We also have been told, that if we can eat the pawpaw salad (pawpaw, garlic, chilli, ginger, and fish sauce) then we are truly Territorians. We like a challenge!
We both also like the multicultural feel that Darwin has. The Aborigines and Islanders are on the whole, well integrated or accepted on their own terms. There are Aboriginal natural land reserves, as well as Aboriginal communities within the metropolitan area.
They are not just limited to living on the outskirts or poorer suburbs of town, as is generally the case in Perth.
The Greek and Asian communities are now fourth and fifth generation Australians. Unlike much of the rest of Australia, immigration happened a couple of generations earlier here.
Perhaps that’s why it seems to really work well, everyone has had time to get to know, and like each other. Anyway, it certainly has a very positive and different feel to anywhere else that we’ve been in Australia.
Thus far, we have dined, or had drinks or Christmas parties at a few work colleague’s homes. Everyone seems very hospitable up here.

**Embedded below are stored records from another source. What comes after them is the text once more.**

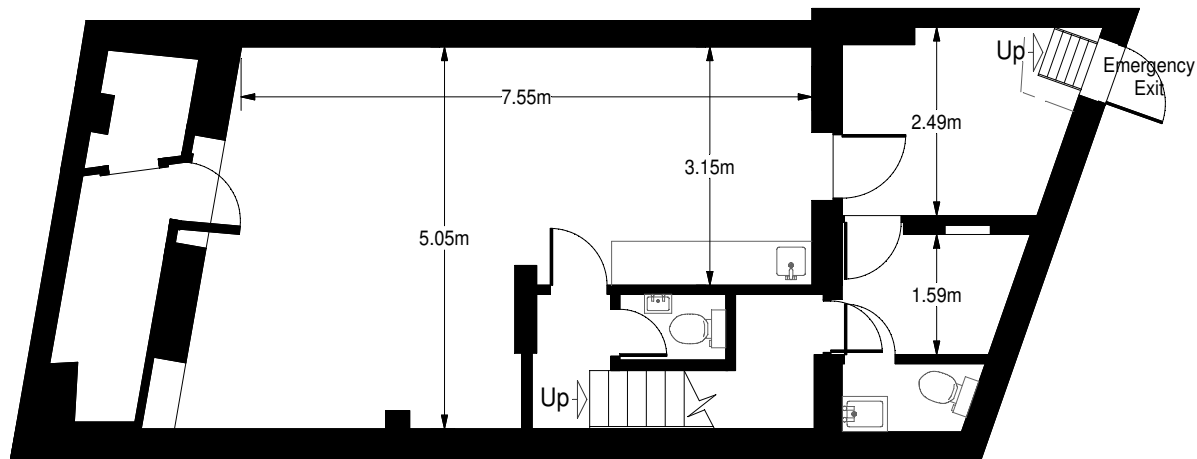

Ground Floor

Basement

12 Belsize Terrace,  
London NW3 4AX

Scale 1:100 (A4 page)  
Survey Date - March 2022

[www.ProplanUK.co.uk](http://www.ProplanUK.co.uk)

This plan is for guidance only and must not be relied upon as a statement of fact.
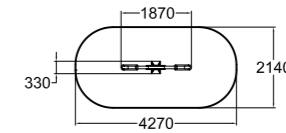

137303M
Grasshopper

Includes a foundation base.
Available in Finno colours.

3	590
2+	8,3

Chrissy’s and Gordon’s home is at Howard Springs, which is about 25 minutes down “The Track”. They have a five acre property where they are trying to establish a rainforest eco-system using purely native species, no exotic filth as Gordon claims.
They warned us, as they took us on a tour of their property, to beware of the deadly brown snakes that are around there, and we were not to harm them if we came across one – as if, (I can just see me or Greg taking on a deadly snake or two).
Chrissy also plays the cello in the Darwin Orchestra, and at one stage, I was in danger of being recruited when I flippantly remarked that I had played piano as a child. I had to quickly point out that my prowess nowadays on the keys is limited to “Chopsticks”.
Anyway, we’ve just about told you our life story up here.
Enjoy Christmas, and we’ll give you a call on Christmas Day. Take care.
lots of love
Tren and Greg
OXXO
3 replies on “The Darwin Letters No. 4”
What an enjoyable read – Christmas 1994 in Darwin. Eagerly more!
I’m glad you enjoyed it Colin. There are about a dozen letters in the series, plus a few extra bits.
I remember receiving Tren’s letters from Darwin in the 90s, she made me feel I was there experiencing it all. I looked forward to the next instalment.